> Exercise
From the line that contains "13 নাম : সালমা" to the final line of the entries below, write out every line exactly as it appears, and nothing else.
___ Given information ___
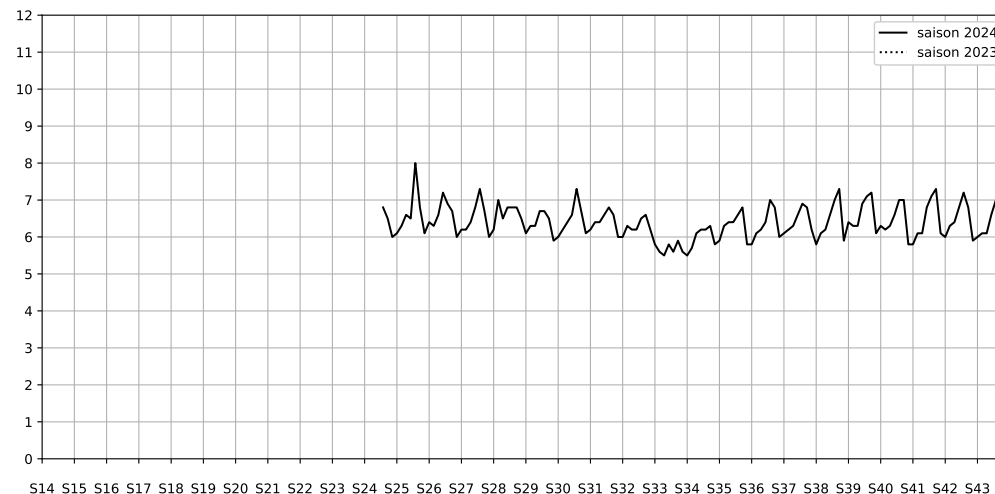

Légende

Indice Harmonica

Niveau sonore LAeq en dB(A)

26 avenue Trudaine - 75009 Paris

Indice Harmonica Nuit [22h-06h]
Comparaison avec saison précédente à jour équivalent

	22h-00h	00h-02h	02h-04h	04h-06h	Total nuit (22h-06h)
Nuit du lundi 04/11/2024 au mardi 05/11/2024	7,0	7,0	6,0	6,2	6,6
	62,2 dB(A)	62,1 dB(A)	57,3 dB(A)	58,1 dB(A)	60,5 dB(A)
Nuit du mardi 05/11/2024 au mercredi 06/11/2024	7,0	7,0	5,8	6,2	6,5
	62,8 dB(A)	61,7 dB(A)	56,4 dB(A)	57,2 dB(A)	60,4 dB(A)
Nuit du mercredi 06/11/2024 au jeudi 07/11/2024	7,3	6,8	6,8	6,4	6,8
	64,7 dB(A)	61,6 dB(A)	61,2 dB(A)	59,2 dB(A)	62,1 dB(A)
Nuit du jeudi 07/11/2024 au vendredi 08/11/2024	7,4	7,0	7,4	7,0	7,2
	65,3 dB(A)	62,7 dB(A)	62,8 dB(A)	60,8 dB(A)	63,2 dB(A)
Nuit du vendredi 08/11/2024 au samedi 09/11/2024	7,6	8,2	7,0	6,9	7,4
	66,6 dB(A)	69,5 dB(A)	62,5 dB(A)	60,4 dB(A)	66,1 dB(A)
Nuit du samedi 09/11/2024 au dimanche 10/11/2024	7,3	7,1	7,0	6,8	7,0
	64,8 dB(A)	63,7 dB(A)	62,3 dB(A)	60,1 dB(A)	63,1 dB(A)
Nuit du dimanche 10/11/2024 au lundi 11/11/2024	7,4	7,0	6,7	6,4	6,9
	64,8 dB(A)	61,9 dB(A)	59,3 dB(A)	57,8 dB(A)	61,8 dB(A)

Légende

Indice Harmonica

Niveau sonore LAeq en dB(A)

Place Georges Enesco - 75009 Paris

Indice Harmonica Nuit [22h-06h]
Comparaison avec saison précédente à jour équivalent
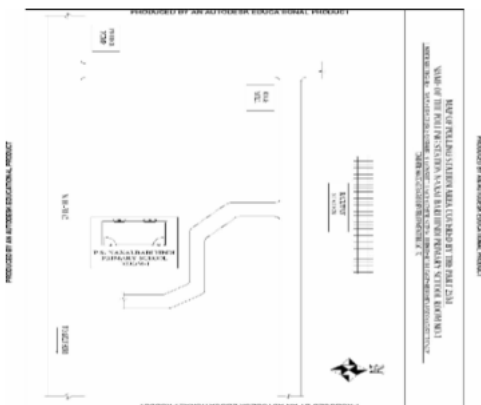

নির্বাচক নিবন্ধন আধিকারিকের স্বাক্ষর

Nazri Naksha

Google Map View

Polling Station Building Front View

Polling Station Front View

Cad View

Key MAP View

1 নাম : মোহাম্মদ বদরুদ্দৌজা পিতার নাম : মহিঃ আব্দুল হামিদ বাড়ির নং : n0091 বয়স : 47 লিঙ্গ : পুরুষ	ZRS2661957 ফটো উপলব্ধ	2 নাম : সাজেদা খাতুন স্বামীর নাম : মহিঃ আব্দুল হামিদ বাড়ির নং : n0139 বয়স : 70 লিঙ্গ : মহিলা	ZRS3073087 ফটো উপলব্ধ	3 নাম : ইনজামুল হক পিতার নাম : মহিঃ আব্দুল হক বাড়ির নং : n0159 বয়স : 34 লিঙ্গ : পুরুষ	ZRS1452481 ফটো উপলব্ধ
4 নাম : প্রেম কুমার পিতার নাম : চন্দ্র দেব বাড়ির নং : n0040 বয়স : 52 লিঙ্গ : পুরুষ	BQT3737194 ফটো উপলব্ধ	Q 5 নাম : প্রদীপ্ত কুমার পিতার নাম : প্রেম কুমার বাড়ির নং : N0040 বয়স : 27 লিঙ্গ : পুরুষ	ZRS2618775 ফটো উপলব্ধ	6 নাম : সর্বন প্রসাদ পিতার নাম : রামজি প্রসাদ বাড়ির নং : এন001 বয়স : 40 লিঙ্গ : পুরুষ	ZRS2449726 ফটো উপলব্ধ
7 নাম : সাহেব প্রসাদ পিতার নাম : রামধর প্রসাদ বাড়ির নং : এন001 বয়স : 33 লিঙ্গ : পুরুষ	ZRS2449700 ফটো উপলব্ধ	8 নাম : মহঃ আব্দুল হামিদ পিতার নাম : মহিঃ আব্দুল হামিদ বাড়ির নং : n0086 বয়স : 83 লিঙ্গ : পুরুষ	WB/04/026/105398 ফটো উপলব্ধ	9 নাম : সুভঙ্কর দত্ত পিতার নাম : দিলীপ দত্ত বাড়ির নং : এন00144 বয়স : 26 লিঙ্গ : পুরুষ	ZRS2449668 ফটো উপলব্ধ
10 নাম : জেড আহমেদ লাহেরী পিতার নাম : মহিঃ নাথানী লাহেরী বাড়ির নং : n0158 বয়স : 37 লিঙ্গ : পুরুষ	BQT3737327 ফটো উপলব্ধ	11 নাম : সরোজ আগরওয়াল পিতার নাম : জনক আগরওয়াল বাড়ির নং : n0158 বয়স : 53 লিঙ্গ : পুরুষ	WB/04/026/108006 ফটো উপলব্ধ	12 নাম : সুনীল আগরওয়াল পিতার নাম : পুনম চন্দ্র চান্দ বাড়ির নং : n0208 বয়স : 53 লিঙ্গ : পুরুষ	ZRS1251495 ফটো উপলব্ধ
13 নাম : সালমা বেগম স্বামীর নাম : জেড আহমেদ লাহেরী বাড়ির নং : n0158 বয়স : 36 লিঙ্গ : মহিলা	ZRS1617299 ফটো উপলব্ধ	14 নাম : জনক আগরওয়াল পিতার নাম : পুনম চান্দ আগরওয়াল বাড়ির নং : n0208 বয়স : 57 লিঙ্গ : পুরুষ	WB/04/026/108005 ফটো উপলব্ধ	15 নাম : হ্যাপি বনসল পিতার নাম : জনক আগরওয়াল বাড়ির নং : n0208 বয়স : 31 লিঙ্গ : পুরুষ	ZRS1889906 ফটো উপলব্ধ
16 নাম : পবন আগরওয়াল পিতার নাম : সত্যনারায়ন আগরওয়াল বাড়ির নং : n0073 বয়স : 61 লিঙ্গ : পুরুষ	WB/04/026/105004 ফটো উপলব্ধ	17 নাম : সমীর দাস পিতার নাম : সহদেব দাস বাড়ির নং : এন0001 বয়স : 37 লিঙ্গ : পুরুষ	NTL1073907 ফটো উপলব্ধ	18 নাম : সরিতা আগরওয়াল স্বামীর নাম : পবন আগরওয়াল বাড়ির নং : n0003 বয়স : 56 লিঙ্গ : মহিলা	WB/04/026/105005 ফটো উপলব্ধ
19 নাম : মৌসুমী আচার্য (বসু মঞ্জুমদার) স্বামীর নাম : পুলক আচার্য বাড়ির নং : n0075 বয়স : 45 লিঙ্গ : মহিলা	ZRS1159631 ফটো উপলব্ধ	20 নাম : প্রাণেশ আচার্য পিতার নাম : কালীপদ আচার্য বাড়ির নং : n0075 বয়স : 68 লিঙ্গ : পুরুষ	ZRS2661973 ফটো উপলব্ধ	21 নাম : মাধবচন্দ্র আচার্য পিতার নাম : কালীপদ আচার্য বাড়ির নং : n0075 বয়স : 65 লিঙ্গ : পুরুষ	WB/04/026/105013 ফটো উপলব্ধ
22 নাম : পুলক আচার্য পিতার নাম : রামগোপাল আচার্য বাড়ির নং : n0075 বয়স : 46 লিঙ্গ : পুরুষ	BQT1949569 ফটো উপলব্ধ	23 নাম : ছায়া আচার্য (তালুকদার) স্বামীর নাম : কাতিক তালুকদার বাড়ির নং : n0075 বয়স : 60 লিঙ্গ : মহিলা	WB/04/026/105016 ফটো উপলব্ধ	24 নাম : প্রশান্ত আচার্য পিতার নাম : কালিপদ আচার্য বাড়ির নং : n0075 বয়স : 63 লিঙ্গ : পুরুষ	WB/04/026/105015 ফটো উপলব্ধ
25 নাম : তন্দ্রা আচার্য স্বামীর নাম : প্রাণেশ আচার্য বাড়ির নং : n0075 বয়স : 69 লিঙ্গ : মহিলা	ZRS2661999 ফটো উপলব্ধ	26 নাম : শীলা আচার্য স্বামীর নাম : মাধবচন্দ্র আচার্য বাড়ির নং : n0051 বয়স : 54 লিঙ্গ : মহিলা	BQT1949742 ফটো উপলব্ধ	27 নাম : পলাশ আচার্য পিতার নাম : প্রাণেশ আচার্য বাড়ির নং : n0170 বয়স : 39 লিঙ্গ : পুরুষ	BQT3141538 ফটো উপলব্ধ
28 নাম : কৌশিক আচার্য পিতার নাম : রাম গোপাল আচার্য বাড়ির নং : n0169 বয়স : 40 লিঙ্গ : পুরুষ	BQT3141520 ফটো উপলব্ধ	29 নাম : সুস্মিতা আচার্য স্বামীর নাম : ভাস্কর আচার্য বাড়ির নং : n0289 বয়স : 33 লিঙ্গ : মহিলা	ZRS2341964 ফটো উপলব্ধ	30 নাম : সরিতা মাহেশ্বরী স্বামীর নাম : শঙ্কর মাহেশ্বরী বাড়ির নং : n0051 বয়স : 48 লিঙ্গ : মহিলা	BQT1949577 ফটো উপলব্ধ
___
> Response for this exercise
13 নাম : সালমা বেগম স্বামীর নাম : জেড আহমেদ লাহেরী বাড়ির নং : n0158 বয়স : 36 লিঙ্গ : মহিলা	ZRS1617299 ফটো উপলব্ধ	14 নাম : জনক আগরওয়াল পিতার নাম : পুনম চান্দ আগরওয়াল বাড়ির নং : n0208 বয়স : 57 লিঙ্গ : পুরুষ	WB/04/026/108005 ফটো উপলব্ধ	15 নাম : হ্যাপি বনসল পিতার নাম : জনক আগরওয়াল বাড়ির নং : n0208 বয়স : 31 লিঙ্গ : পুরুষ	ZRS1889906 ফটো উপলব্ধ
16 নাম : পবন আগরওয়াল পিতার নাম : সত্যনারায়ন আগরওয়াল বাড়ির নং : n0073 বয়স : 61 লিঙ্গ : পুরুষ	WB/04/026/105004 ফটো উপলব্ধ	17 নাম : সমীর দাস পিতার নাম : সহদেব দাস বাড়ির নং : এন0001 বয়স : 37 লিঙ্গ : পুরুষ	NTL1073907 ফটো উপলব্ধ	18 নাম : সরিতা আগরওয়াল স্বামীর নাম : পবন আগরওয়াল বাড়ির নং : n0003 বয়স : 56 লিঙ্গ : মহিলা	WB/04/026/105005 ফটো উপলব্ধ
19 নাম : মৌসুমী আচার্য (বসু মঞ্জুমদার) স্বামীর নাম : পুলক আচার্য বাড়ির নং : n0075 বয়স : 45 লিঙ্গ : মহিলা	ZRS1159631 ফটো উপলব্ধ	20 নাম : প্রাণেশ আচার্য পিতার নাম : কালীপদ আচার্য বাড়ির নং : n0075 বয়স : 68 লিঙ্গ : পুরুষ	ZRS2661973 ফটো উপলব্ধ	21 নাম : মাধবচন্দ্র আচার্য পিতার নাম : কালীপদ আচার্য বাড়ির নং : n0075 বয়স : 65 লিঙ্গ : পুরুষ	WB/04/026/105013 ফটো উপলব্ধ
22 নাম : পুলক আচার্য পিতার নাম : রামগোপাল আচার্য বাড়ির নং : n0075 বয়স : 46 লিঙ্গ : পুরুষ	BQT1949569 ফটো উপলব্ধ	23 নাম : ছায়া আচার্য (তালুকদার) স্বামীর নাম : কাতিক তালুকদার বাড়ির নং : n0075 বয়স : 60 লিঙ্গ : মহিলা	WB/04/026/105016 ফটো উপলব্ধ	24 নাম : প্রশান্ত আচার্য পিতার নাম : কালিপদ আচার্য বাড়ির নং : n0075 বয়স : 63 লিঙ্গ : পুরুষ	WB/04/026/105015 ফটো উপলব্ধ
25 নাম : তন্দ্রা আচার্য স্বামীর নাম : প্রাণেশ আচার্য বাড়ির নং : n0075 বয়স : 69 লিঙ্গ : মহিলা	ZRS2661999 ফটো উপলব্ধ	26 নাম : শীলা আচার্য স্বামীর নাম : মাধবচন্দ্র আচার্য বাড়ির নং : n0051 বয়স : 54 লিঙ্গ : মহিলা	BQT1949742 ফটো উপলব্ধ	27 নাম : পলাশ আচার্য পিতার নাম : প্রাণেশ আচার্য বাড়ির নং : n0170 বয়স : 39 লিঙ্গ : পুরুষ	BQT3141538 ফটো উপলব্ধ
28 নাম : কৌশিক আচার্য পিতার নাম : রাম গোপাল আচার্য বাড়ির নং : n0169 বয়স : 40 লিঙ্গ : পুরুষ	BQT3141520 ফটো উপলব্ধ	29 নাম : সুস্মিতা আচার্য স্বামীর নাম : ভাস্কর আচার্য বাড়ির নং : n0289 বয়স : 33 লিঙ্গ : মহিলা	ZRS2341964 ফটো উপলব্ধ	30 নাম : সরিতা মাহেশ্বরী স্বামীর নাম : শঙ্কর মাহেশ্বরী বাড়ির নং : n0051 বয়স : 48 লিঙ্গ : মহিলা	BQT1949577 ফটো উপলব্ধ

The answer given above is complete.